Between 1901 and 1990, the operators of the steel plant created 70 hectares of new land through the infilling of Muggah Creek and a portion of Sydney Harbour. The majority of infilling took place prior to 1950, when industrial by-products, primarily blast furnace slag, were deposited along the eastern shore of Muggah Creek. The ubiquitous slag has also been used to infill low areas across the site, cover the foundations of removed buildings and create and maintain roadways.

Over the years, various structures have been constructed on the infilled lands, including the Mobile Department shop and the high Dump Tank Farm. Disposal of slag and other industrial wastes continued throughout the operational history of the steel plant, with the High Dump area receiving all types of wastes including derelict equipment, sludges, contaminated soil, office waste and demolition debris.

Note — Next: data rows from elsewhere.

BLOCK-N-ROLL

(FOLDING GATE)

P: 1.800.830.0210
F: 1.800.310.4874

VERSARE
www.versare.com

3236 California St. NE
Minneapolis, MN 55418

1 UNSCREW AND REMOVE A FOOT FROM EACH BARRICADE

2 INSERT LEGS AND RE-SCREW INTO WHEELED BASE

Protesting he planned closure of the Steel Plant at the Ferry Street entrance in 1967 (Beaton Institute)

A detailed discussion of each SCU located on the Infilled Lands follows. Potential environmental issues associated with each SCU are discussed at the end of each section. Historical building existence information is provided in Appendix D, and the progression of shoreline infilling is depicted in Figure 5-2.


 

5.4.1

Ferry Street Entrance (SCU 22)

 
  Located on the western side of the steel plant property, this parcel of land is bounded to the south and west by Muggah Creek, to the east by the West Side Road, and to the north by the Mobile Department area (Figure 5-1).

The area was historically a water lot prior to 1914, but was infilled between 1914 and 1939. From the beginning of the plant, the parcel has primarily been used as a main entrance to the steel plant, linking Ferry Street to the property. In the past, used oil was often used for dust suppression on roadways on the steel plant property.

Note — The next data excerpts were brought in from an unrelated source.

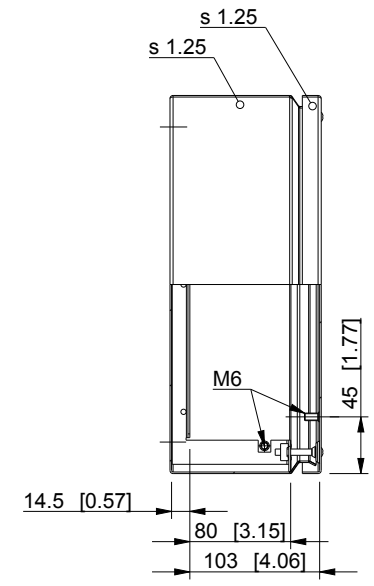

ID	Description	Date	By	Appr.
A				

Dimensions in mm [inches]

Material: Mild steel, polyester painted	Color: RAL 7035
---	-----------------

Supplier:	Tool No:	Weight [kg]: 4.46	Volume: -
-----------	----------	-------------------	-----------

FFUP403012A

Scale	Date	26.07.16
1:6	By	PLe
-	Checked	
-	Ctrl	

Replaces:	
Replaced:	
Drw No:	A
Ref:	Cubo F
Code:	FFUP403012A
Sheet No:	

model FFUP403012A PART
 drawing FFUP DRAWING

Buildings located on the parcel include the sludge handling building and associated offices related to the Tar Ponds incinerator. Currently, the Nova Scotia Department of Transportation and Public Works (DTPW) is using portions of the parcel as a temporary soil storage facility as part of the Muggah Creek Interceptor Sewer project. The area and buildings are maintained by DTPW. A walkthrough of the DTPW buildings was not included in the scope of work for this assessment.

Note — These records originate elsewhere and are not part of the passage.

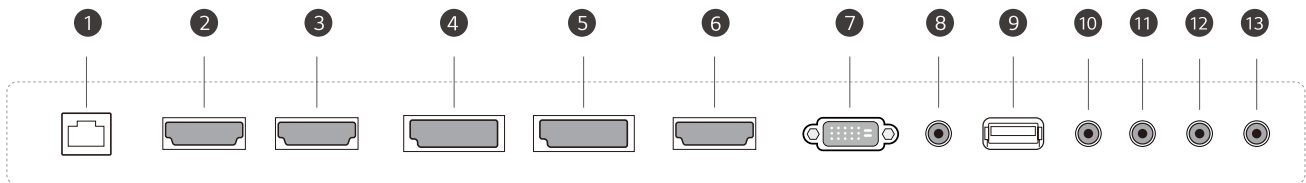

Wireless Access Point

The UH5F-H series operates as a virtual router which can be an wireless access point for mobile devices.

DIMENSION

(unit: mm)

CONNECTIVITY

* Dimensions & Jack Panels may differ from the above image, so please contact LG sales team to verify before ordering.

DIMENSION

(unit: mm)

65

55

49

43

CONNECTIVITY

65 55 49 43

- 1 LAN
- 5 DP OUT
- 9 USB IN
- 12 RS-232C IN
- 2 HDMI IN1
- 6 HDMI IN3
- 10 AUDIO IN
- 13 RS-232C OUT
- 3 HDMI IN2
- 7 DVI-D IN
- 11 AUDIO OUT
- 4 DP IN
- 8 IR & LIGHT SENSOR

* Dimensions & Jack Panels may differ from the above image, so please contact LG sales team to verify before ordering.

The results of testing performed by JDAC in 2000/2001 indicate that one borehole location, MCES-005-MW, is located within this area. No guideline values were exceeded in soil samples submitted from this borehole. Groundwater from the same location exceeded the Canadian Drinking Water Quality Guidelines for certain heavy metals (sulfate, antimony, iron), EPA 625 (semi-volatile compounds such as naphthalene), PAHs and HCNs. These contaminant groups are consistent with Tar Ponds contamination.

The Ferry Street Bridge c. 1904 looking west at the Intercolonial Railway Yard (Beaton Institute)

The majority of open space in this area is covered with granular materials. Slopes at certain locations show signs of surface erosion. Overland drainage in the area may present the possibility of siltation and sediment impacts to receiving waters.
 
  Potential Environmental Issues  
 

Potential hazardous building material and environmental issues associated with the DTPW buildings may include ozone-depleting substances, and chemical storage. Lead-based paints, mercury-containing equipment, and asbestos-containing materials are not likely to be present since the buildings were built in the early 1990s.

Potential environmental issues consist of petroleum hydrocarbon, heavy metal, PAH, PCB and HNC impacts to soil and groundwater as a result of subsurface infiltration of Tar Ponds contamination as well as contaminated sediment underlying the fill material used to create the land.

Blast furnace slag was widely used as a fill material in this area. Various heavy metals are known to be present in blast furnace slag, but often in a highly immobile state. An important part of future environmental testing at this site will be the appropriate evaluation of heavy metal impacts in relations to their environmental risk.